#### [Task goal]
Copy the entries below word for word, minus the pictures.

#### [Information shown]

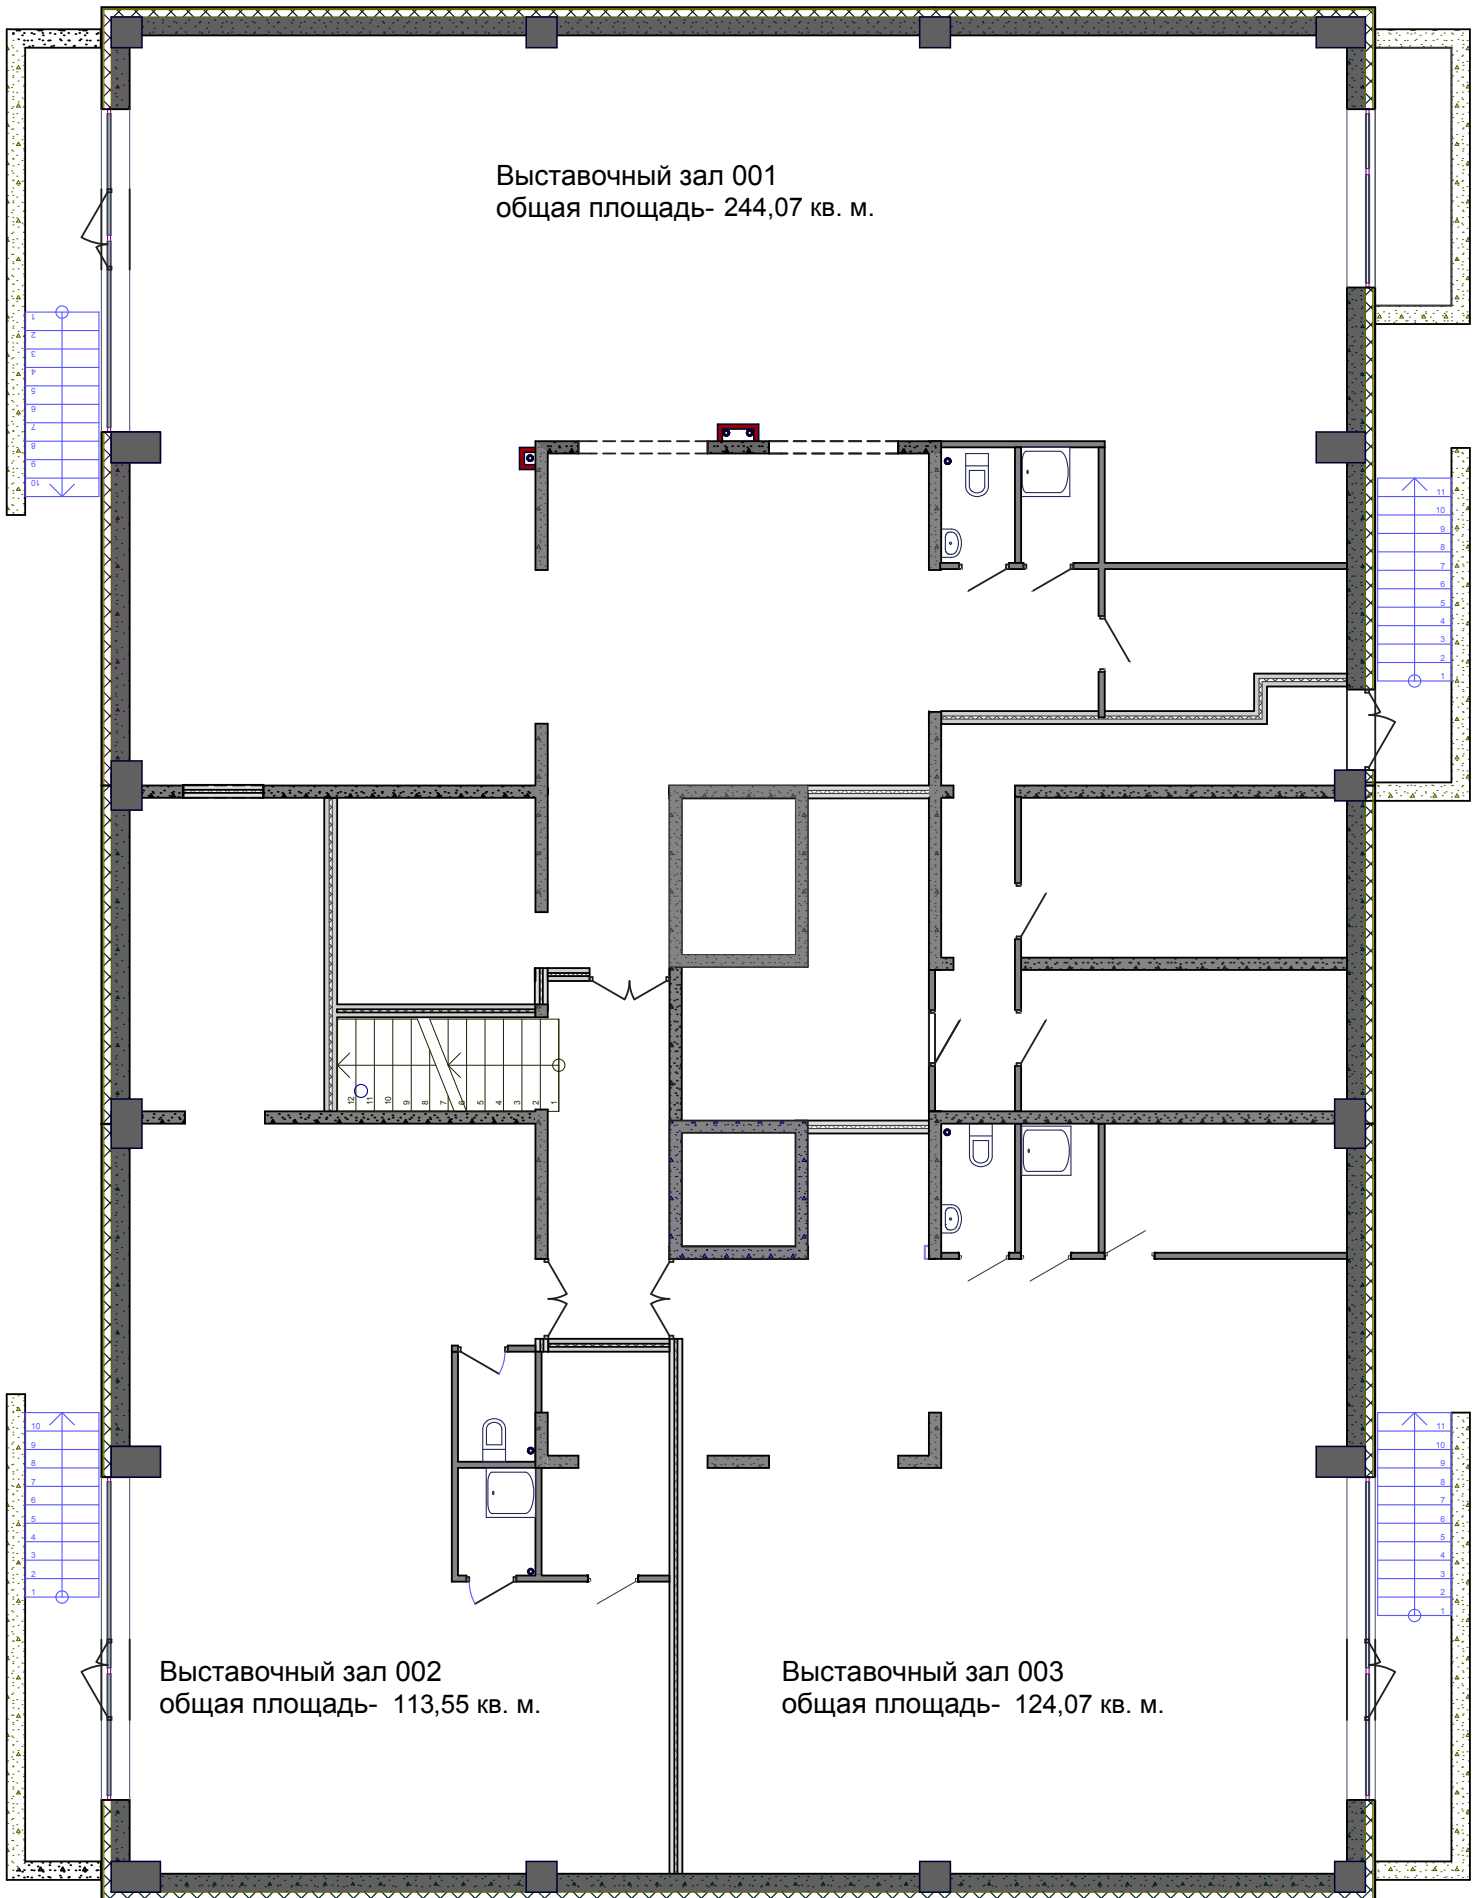

# План подвального этажа

Выставочный зал 101  
общая площадь- 230,59 кв. м.

Выставочный зал 102  
общая площадь- 232,08 кв. м.
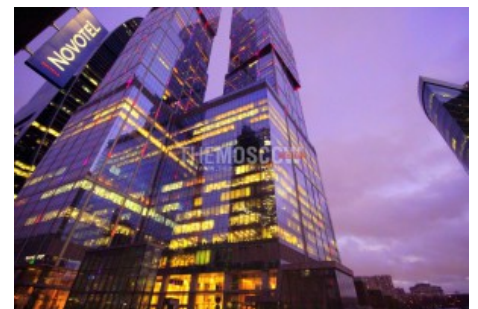

## Офис, Башня 2000

Башня 2000, Тараса Шевченко набережная, 23а

\$ 3,714/мес.

<b>Лот №:</b>	<b>941</b>	<b>Этаж:</b>	<b>6</b>
<b>Вид из окна:</b>	<b>Москва сити</b>	<b>Меблировано:</b>	<b>Нет</b>
<b>Площадь:</b>	<b>208 кв.м.</b>	<b>Отделка :</b>	<b>Без отделки</b>
<b>Покрытие пола:</b>	<b>Не имеется</b>

#### [Exercise solution]
# План подвального этажа

Выставочный зал 101  
общая площадь- 230,59 кв. м.

Выставочный зал 102  
общая площадь- 232,08 кв. м.

## Офис, Башня 2000

Башня 2000, Тараса Шевченко набережная, 23а

\$ 3,714/мес.

<b>Лот №:</b>	<b>941</b>	<b>Этаж:</b>	<b>6</b>
<b>Вид из окна:</b>	<b>Москва сити</b>	<b>Меблировано:</b>	<b>Нет</b>
<b>Площадь:</b>	<b>208 кв.м.</b>	<b>Отделка :</b>	<b>Без отделки</b>
<b>Покрытие пола:</b>	<b>Не имеется</b>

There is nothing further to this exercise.